● Task statement
Give a faithful, exact copy of all entries, minus the images.

● Task input
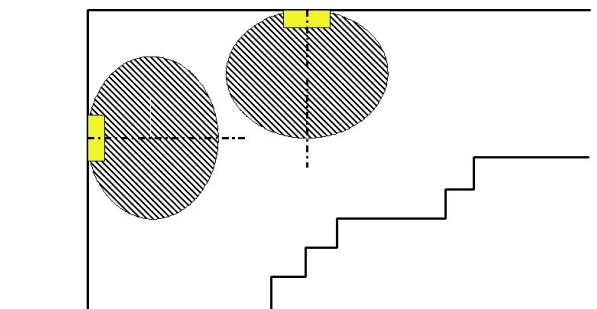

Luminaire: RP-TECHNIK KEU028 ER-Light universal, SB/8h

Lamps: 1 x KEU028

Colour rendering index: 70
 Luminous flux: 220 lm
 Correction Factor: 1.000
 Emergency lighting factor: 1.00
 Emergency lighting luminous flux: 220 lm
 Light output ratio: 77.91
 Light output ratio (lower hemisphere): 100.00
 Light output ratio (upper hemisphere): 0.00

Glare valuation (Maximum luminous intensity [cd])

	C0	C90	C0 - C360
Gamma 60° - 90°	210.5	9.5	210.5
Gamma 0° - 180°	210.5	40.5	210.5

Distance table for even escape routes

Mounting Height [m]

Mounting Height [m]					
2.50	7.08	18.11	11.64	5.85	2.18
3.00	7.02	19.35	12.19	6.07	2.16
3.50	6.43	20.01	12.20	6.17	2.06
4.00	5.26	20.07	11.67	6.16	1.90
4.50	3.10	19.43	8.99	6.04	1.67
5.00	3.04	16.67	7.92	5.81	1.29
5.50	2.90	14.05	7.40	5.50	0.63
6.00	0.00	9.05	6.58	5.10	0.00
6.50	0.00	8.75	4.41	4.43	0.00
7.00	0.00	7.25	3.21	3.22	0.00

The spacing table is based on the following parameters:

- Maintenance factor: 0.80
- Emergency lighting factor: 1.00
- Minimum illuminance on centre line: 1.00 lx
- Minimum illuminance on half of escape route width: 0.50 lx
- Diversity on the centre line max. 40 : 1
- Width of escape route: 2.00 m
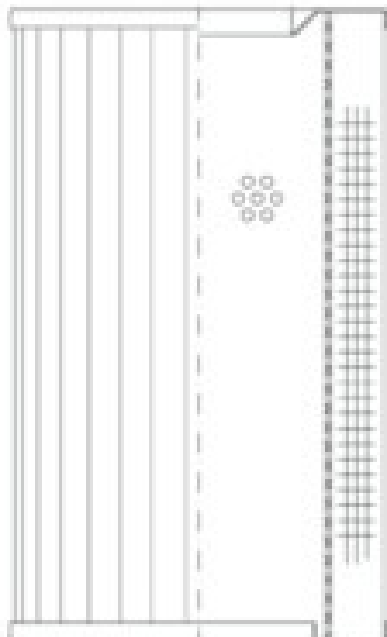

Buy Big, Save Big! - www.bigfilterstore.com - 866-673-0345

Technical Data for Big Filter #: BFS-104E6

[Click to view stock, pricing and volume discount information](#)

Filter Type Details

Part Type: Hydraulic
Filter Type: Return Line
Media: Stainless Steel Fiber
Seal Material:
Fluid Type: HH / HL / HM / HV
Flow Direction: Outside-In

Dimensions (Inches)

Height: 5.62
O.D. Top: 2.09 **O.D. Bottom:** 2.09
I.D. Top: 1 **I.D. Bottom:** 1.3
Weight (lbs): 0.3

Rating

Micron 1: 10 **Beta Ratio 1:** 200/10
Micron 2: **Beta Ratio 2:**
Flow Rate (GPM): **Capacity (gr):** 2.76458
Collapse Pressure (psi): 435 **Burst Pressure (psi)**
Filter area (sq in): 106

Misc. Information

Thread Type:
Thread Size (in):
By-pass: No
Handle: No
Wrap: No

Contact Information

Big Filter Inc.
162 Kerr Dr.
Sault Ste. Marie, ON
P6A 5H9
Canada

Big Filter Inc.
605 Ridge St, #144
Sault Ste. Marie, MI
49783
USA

● Solved exercise
Luminaire: RP-TECHNIK KEU028 ER-Light universal, SB/8h

Lamps: 1 x KEU028

Colour rendering index: 70
 Luminous flux: 220 lm
 Correction Factor: 1.000
 Emergency lighting factor: 1.00
 Emergency lighting luminous flux: 220 lm
 Light output ratio: 77.91
 Light output ratio (lower hemisphere): 100.00
 Light output ratio (upper hemisphere): 0.00

Glare valuation (Maximum luminous intensity [cd])

	C0	C90	C0 - C360
Gamma 60° - 90°	210.5	9.5	210.5
Gamma 0° - 180°	210.5	40.5	210.5

Distance table for even escape routes

Mounting Height [m]

Mounting Height [m]					
2.50	7.08	18.11	11.64	5.85	2.18
3.00	7.02	19.35	12.19	6.07	2.16
3.50	6.43	20.01	12.20	6.17	2.06
4.00	5.26	20.07	11.67	6.16	1.90
4.50	3.10	19.43	8.99	6.04	1.67
5.00	3.04	16.67	7.92	5.81	1.29
5.50	2.90	14.05	7.40	5.50	0.63
6.00	0.00	9.05	6.58	5.10	0.00
6.50	0.00	8.75	4.41	4.43	0.00
7.00	0.00	7.25	3.21	3.22	0.00

The spacing table is based on the following parameters:

- Maintenance factor: 0.80
- Emergency lighting factor: 1.00
- Minimum illuminance on centre line: 1.00 lx
- Minimum illuminance on half of escape route width: 0.50 lx
- Diversity on the centre line max. 40 : 1
- Width of escape route: 2.00 m

Buy Big, Save Big! - www.bigfilterstore.com - 866-673-0345

Technical Data for Big Filter #: BFS-104E6

[Click to view stock, pricing and volume discount information](#)

Filter Type Details

Part Type: Hydraulic
Filter Type: Return Line
Media: Stainless Steel Fiber
Seal Material:
Fluid Type: HH / HL / HM / HV
Flow Direction: Outside-In

Dimensions (Inches)

Height: 5.62
O.D. Top: 2.09 **O.D. Bottom:** 2.09
I.D. Top: 1 **I.D. Bottom:** 1.3
Weight (lbs): 0.3

Rating

Micron 1: 10 **Beta Ratio 1:** 200/10
Micron 2: **Beta Ratio 2:**
Flow Rate (GPM): **Capacity (gr):** 2.76458
Collapse Pressure (psi): 435 **Burst Pressure (psi)**
Filter area (sq in): 106

Misc. Information

Thread Type:
Thread Size (in):
By-pass: No
Handle: No
Wrap: No

Contact Information

Big Filter Inc.
162 Kerr Dr.
Sault Ste. Marie, ON
P6A 5H9
Canada

Big Filter Inc.
605 Ridge St, #144
Sault Ste. Marie, MI
49783
USA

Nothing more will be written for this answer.